包装器结构的原因是，您不能将成员函数指针转换为void *或任何其他对象指针类型，即使使用reexplain cast，也不能，因此我们传递成员函数指针的地址。您可以选择将MemberFunctionPointer结构放在堆上，例如使用unique_ptr，如果它需要比这个简单示例中的活得更长。

You can also wrap these three arguments in a single structure on the C side, rather than pass them individually:

您也可以将这三个参数封装在C端的一个结构中，而不是单独传递它们:

struct IntIntFunction
{
    int (*caller)(const void *, const void *, int);
    const void *function;
    const void *closure;
};

#define INVOKE(f, ...) ((f).caller((f).function, (f).closure, __VA_ARGS__))

int
c_call(IntIntFunction function)
{
    return INVOKE(function, 10);
}

0  

The problem with this solution is when you call makeAdder with parameter values.. Couldn't solve it but I'm posting just in case someone else can..

这个解决方案的问题是当您使用参数值调用makeAdder时。我不能解决这个问题，但我只是发帖子以防别人能解决。

template <typename FunctionPointerType, typename Lambda, typename ReturnType, typename ...Args>
inline FunctionPointerType MakeFunc(Lambda&& lambda, ReturnType (*)(Args...))
{
    thread_local std::function<ReturnType(Args...)> func(lambda);

    struct Dummy
    {
        static ReturnType CallLambda(Args... args)
        {
            return func(std::forward<Args>(args)...);
        }
    };

    return &Dummy::CallLambda;
}

template <typename FunctionPointerType, typename Lambda>
FunctionPointerType MakeFunc(Lambda&& lambda)
{
    return MakeFunc<FunctionPointerType, Lambda>(std::forward<Lambda>(lambda), FunctionPointerType());
}


typedef int(*AdderFunction)(int);

AdderFunction makeAdder(int amount) {
    return MakeFunc<int(*)(int)>([amount] (int n) {
        return n + amount;
    });
}

extern "C" {
    typedef int(*CAdderFunction)(int);

    CAdderFunction makeCAdder(int amount)
    {
        return makeAdder(amount);
    }
}

It works by storing the lambda a thread local std::function.
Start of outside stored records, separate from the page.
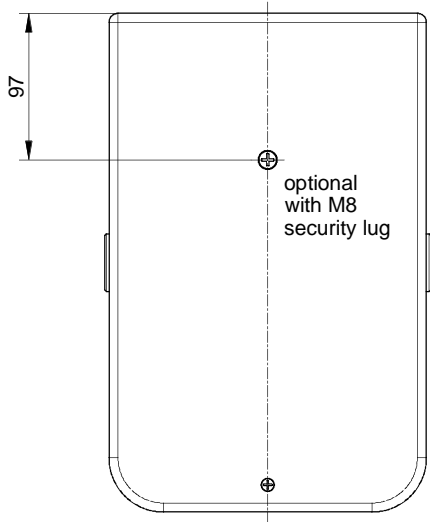

Front view

Side view

Rear view

Top view

optional  
with M8  
security lug

Subject to technical changes. Errors and omissions excepted.

**TS52SP view**

scale 1:5  
updated on 10.08.2015
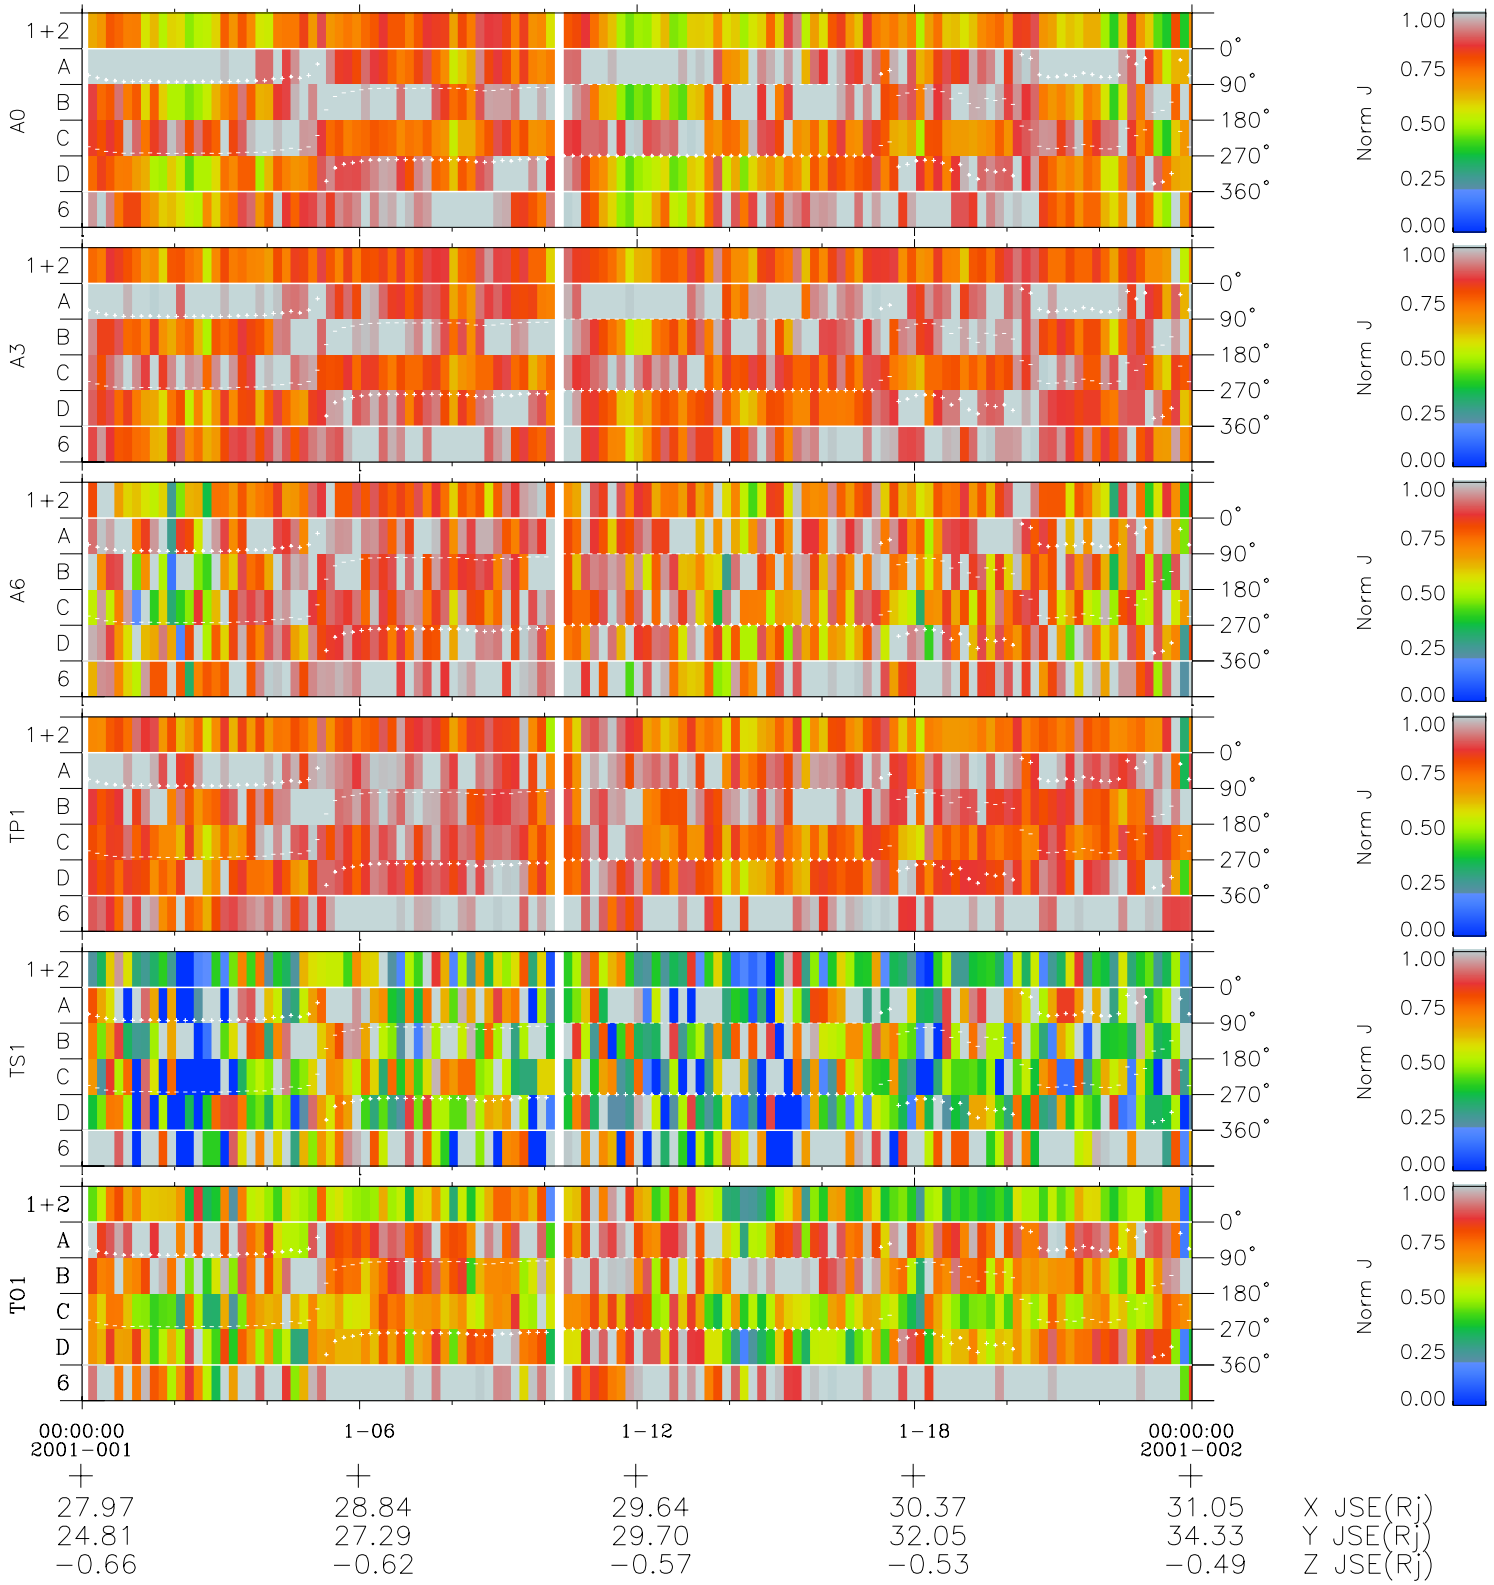

Galileo EPD Real Time Azimuth Anisotropies 01001

Software Version: RTAZIM_NORM V 1.20
 Data Production: 18-05-01
 Plot Production: Mon Sep 17 21:18:46 2001
 Color File: wondr3
 Geofactor File: 1.1

- ◇ = Jupiter look direction
- = Corotation look direction

Then return a pointer to a static function which will call the lambda with the parameters passed in.

它的工作方式是存储lambda线程本地std::函数。然后返回一个指向静态函数的指针，该函数将调用带有传入参数的lambda函数。

I thought about using an unordered_map and keeping track of each makeAdder call but then you can't reference it from static context..

我想过使用unordered_map并跟踪每个makeAdder调用，但是不能从静态上下文引用它。